Your task is to transcribe the records exactly, skipping every image.
= Beginning of Section =
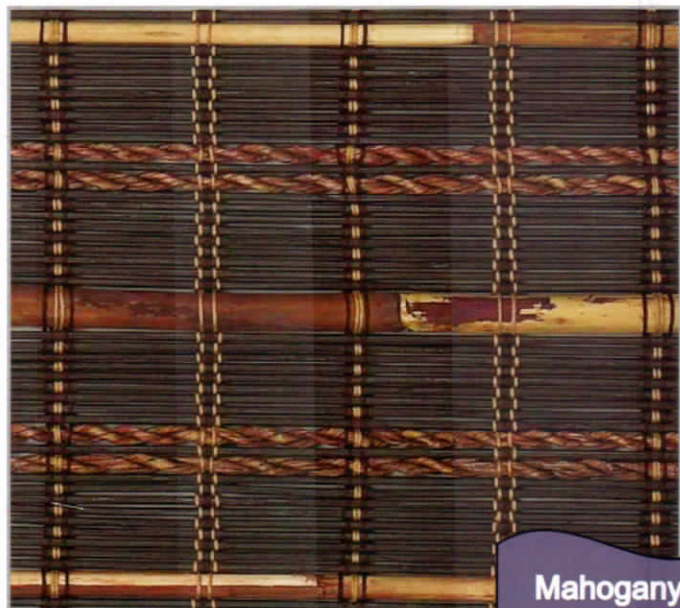

Mahogany

Village Reeds

Price Chart C

Maximum Width: 144"

Weight: 0.282 lb/sq.ft

Available Color:

- •Pecan
- •Natural
- •Mahogany
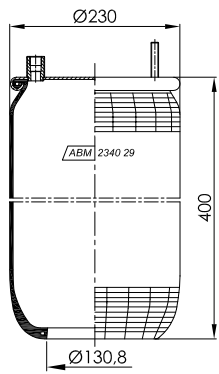

ABM series

▶ ABM 2340 29 C

TOP VIEW
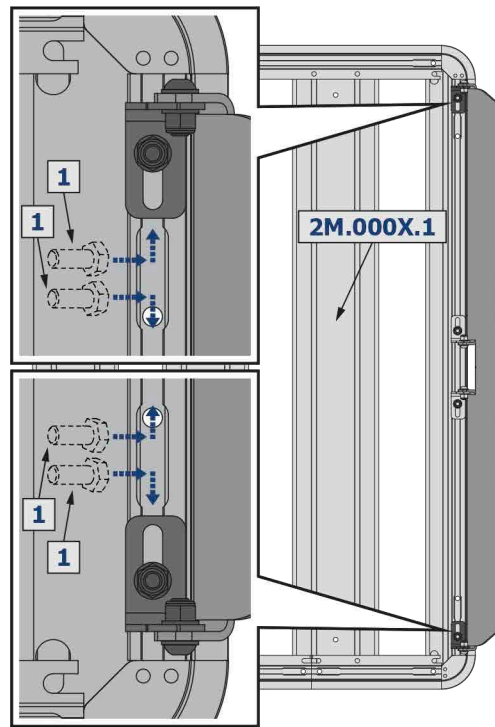

WIND DEFLECTOR
for RIVAL MODULAR RACK
1190mm-1270mm

2MD.0019.1

1		2		3		4	
M8x20	x4	M8x20	x4	M8	x8	ø8	x12
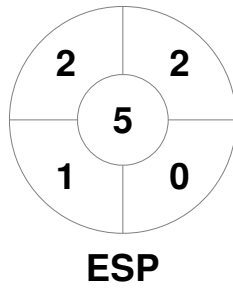

Spain			
GK Subs			

Penalty Corners

Circle Entries

Shots

Shots on Target

Possession %

Technical Delegate: NAZARET Magda (POL)
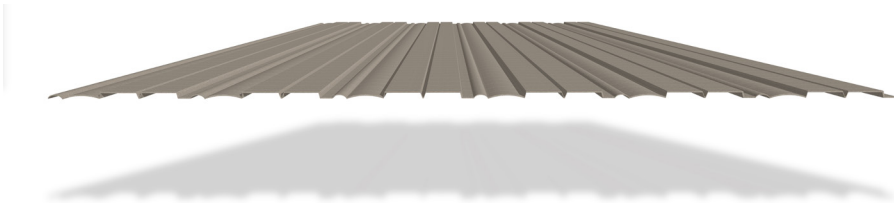

## CLADDING SHEETS

### PROFILE: NF

NF10 10AG	10.68M High Profile Armour Grey Smooth	NF10 10WG	10.68M High Profile White Glass Smooth
NF10 10AGST	10.68M High Profile Armour Grey Stucco	NF10 10WST	10.68M High Profile White Stucco
NF10 10BG	10.68M High Profile Birch Grey Smooth	NF10 8AG	8M High Profile Armour Grey Smooth
NF10 10SG	10.68M High Profile Silver Glass Smooth	NF10 8AGST	8M High Profile Armour Grey Stucco
NF10 10SGST	10.68M High Profile Silver Glass Stucco	NF10 8BG	8M High Profile Birch Grey Smooth
NF10 10SOG	10.68M High Profile Soft Grey Smooth	NF10 8GN	8M High Profile Grey Nurse Smooth
NF10 10SOGST	10.68M High Profile Soft Grey Stucco	NF10 8SG	8M High Profile Silver Glass Smooth
NF10 10W	10.68M High Profile White Smooth	NF10 8SGST	8M High Profile Silver Glass Stucco
		NF10 8SOGST	8M High Profile Soft Grey Stucco
		NF10 8W	8M High Profile White Smooth
		NF10 8WG	8M High Profile White Glass Smooth
		NF10 8WST	8M High Profile White Stucco
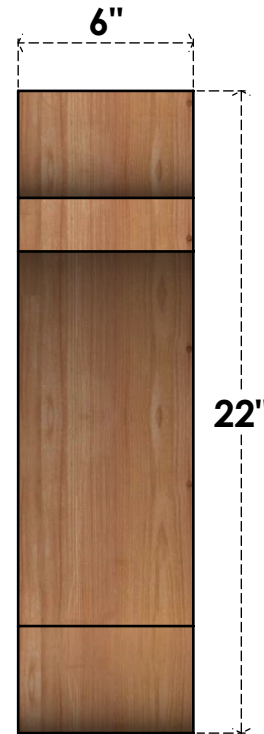

BRC06X22X22OLY00RWR

6"W X 22"D X 22"H OLYMPIC ROUGH SAWN BRACE, WESTERN RED CEDAR

SIDE

FRONT

EKENA MILLWORK
 2300 WEST MAIN ST.
 CLARKSVILLE, TX 75426
 TOLL FREE: 866-607-0453
 WWW.EKENAMILLWORK.COM

NOTES

1. INSTALLATION TO BE COMPLETED IN ACCORDANCE WITH MANUFACTURER'S SPECIFICATIONS.
2. DRAWING MAY NOT BE TO SCALE
3. THIS DRAWING IS INTENDED FOR DESIGN AND PLANNING PURPOSES ONLY.
4. ALL INFORMATION CONTAINED HEREIN WAS CURRENT AT THE TIME OF DEVELOPMENT BUT MUST BE REVIEWED AND APPROVED BY THE PRODUCT MANUFACTURER TO BE CONSIDERED ACCURATE.
5. PRODUCTS ARE NOT KILN DRIED. THIS ITEM IS UNIQUE AND WILL CONTAIN THE NATURAL VARIATIONS THAT THE WOOD SPECIES OFFERS. THIS MAY RESULT IN VARIATIONS UP TO 1/4"
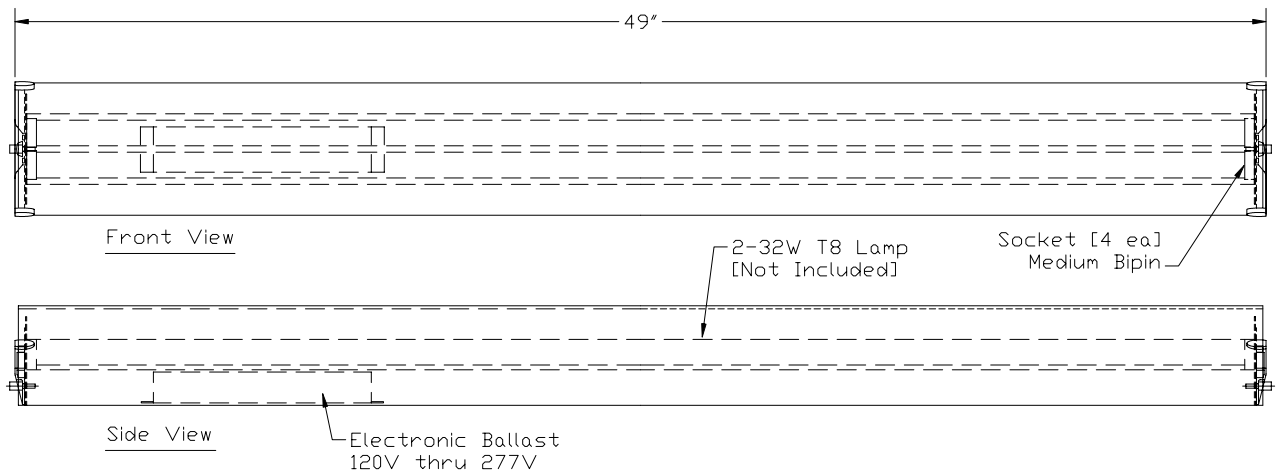

**Specification Sheet**

**Fluorescent Bath**

**Model: F3484-36E1 Satin Nickel**

Glass: Etched White  
 Metal Finish: Satin Nickel End Holders with White Chassis  
 Width: 49" Height: 5-1/8" Extension: 3-7/8"  
 Lamps: 2 – 32 Watt Type T8 Fluorescent Tube, Medium Bi-pin Base (Not Included)  
 Ballast: Electronic, Universal Voltage 120V to 277V  
 Label: cULus Listed.
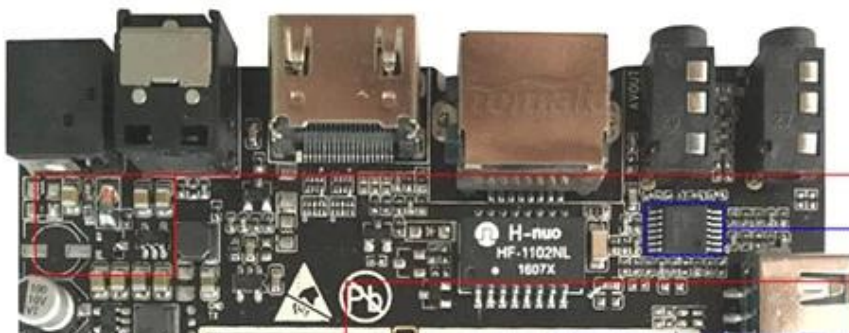

About MediaBox

UPDATE&BACKUP

Status

Status of network and other information

Legal information

Model number

X96

Android version

6.0.1

Android security patch level

May 1, 2016

Baseband version

Unknown

Kernel version

3.14.29

sjlei@sjlei-S2400SC #2

Sun Jun 12 12:06:13 CST 2016

Build number

p212-userdebug 6.0.1 MHC19J 20160612 test-keys

X96 Smart Box

Protection circuits

Prevents from damaging box when you use the bad or wrong adapter.

Audio Amplifier

AMLogic S905X Soc

MANVA DDR3 1GB*2
= End of Section =
→ **TASK ANSWER**:
Mahogany

Village Reeds

Price Chart C

Maximum Width: 144"

Weight: 0.282 lb/sq.ft

Available Color:

- •Pecan
- •Natural
- •Mahogany

ABM series

▶ ABM 2340 29 C

TOP VIEW

WIND DEFLECTOR
for RIVAL MODULAR RACK
1190mm-1270mm

2MD.0019.1

1		2		3		4	
M8x20	x4	M8x20	x4	M8	x8	ø8	x12

Spain			
GK Subs			

Penalty Corners

Circle Entries

Shots

Shots on Target

Possession %

Technical Delegate: NAZARET Magda (POL)

## CLADDING SHEETS

### PROFILE: NF

NF10 10AG	10.68M High Profile Armour Grey Smooth	NF10 10WG	10.68M High Profile White Glass Smooth
NF10 10AGST	10.68M High Profile Armour Grey Stucco	NF10 10WST	10.68M High Profile White Stucco
NF10 10BG	10.68M High Profile Birch Grey Smooth	NF10 8AG	8M High Profile Armour Grey Smooth
NF10 10SG	10.68M High Profile Silver Glass Smooth	NF10 8AGST	8M High Profile Armour Grey Stucco
NF10 10SGST	10.68M High Profile Silver Glass Stucco	NF10 8BG	8M High Profile Birch Grey Smooth
NF10 10SOG	10.68M High Profile Soft Grey Smooth	NF10 8GN	8M High Profile Grey Nurse Smooth
NF10 10SOGST	10.68M High Profile Soft Grey Stucco	NF10 8SG	8M High Profile Silver Glass Smooth
NF10 10W	10.68M High Profile White Smooth	NF10 8SGST	8M High Profile Silver Glass Stucco
		NF10 8SOGST	8M High Profile Soft Grey Stucco
		NF10 8W	8M High Profile White Smooth
		NF10 8WG	8M High Profile White Glass Smooth
		NF10 8WST	8M High Profile White Stucco

BRC06X22X22OLY00RWR

6"W X 22"D X 22"H OLYMPIC ROUGH SAWN BRACE, WESTERN RED CEDAR

SIDE

FRONT

EKENA MILLWORK
 2300 WEST MAIN ST.
 CLARKSVILLE, TX 75426
 TOLL FREE: 866-607-0453
 WWW.EKENAMILLWORK.COM

NOTES

1. INSTALLATION TO BE COMPLETED IN ACCORDANCE WITH MANUFACTURER'S SPECIFICATIONS.
2. DRAWING MAY NOT BE TO SCALE
3. THIS DRAWING IS INTENDED FOR DESIGN AND PLANNING PURPOSES ONLY.
4. ALL INFORMATION CONTAINED HEREIN WAS CURRENT AT THE TIME OF DEVELOPMENT BUT MUST BE REVIEWED AND APPROVED BY THE PRODUCT MANUFACTURER TO BE CONSIDERED ACCURATE.
5. PRODUCTS ARE NOT KILN DRIED. THIS ITEM IS UNIQUE AND WILL CONTAIN THE NATURAL VARIATIONS THAT THE WOOD SPECIES OFFERS. THIS MAY RESULT IN VARIATIONS UP TO 1/4"

**Specification Sheet**

**Fluorescent Bath**

**Model: F3484-36E1 Satin Nickel**

Glass: Etched White  
 Metal Finish: Satin Nickel End Holders with White Chassis  
 Width: 49" Height: 5-1/8" Extension: 3-7/8"  
 Lamps: 2 – 32 Watt Type T8 Fluorescent Tube, Medium Bi-pin Base (Not Included)  
 Ballast: Electronic, Universal Voltage 120V to 277V  
 Label: cULus Listed.

About MediaBox

UPDATE&BACKUP

Status

Status of network and other information

Legal information

Model number

X96

Android version

6.0.1

Android security patch level

May 1, 2016

Baseband version

Unknown

Kernel version

3.14.29

sjlei@sjlei-S2400SC #2

Sun Jun 12 12:06:13 CST 2016

Build number

p212-userdebug 6.0.1 MHC19J 20160612 test-keys

X96 Smart Box

Protection circuits

Prevents from damaging box when you use the bad or wrong adapter.

Audio Amplifier

AMLogic S905X Soc

MANVA DDR3 1GB*2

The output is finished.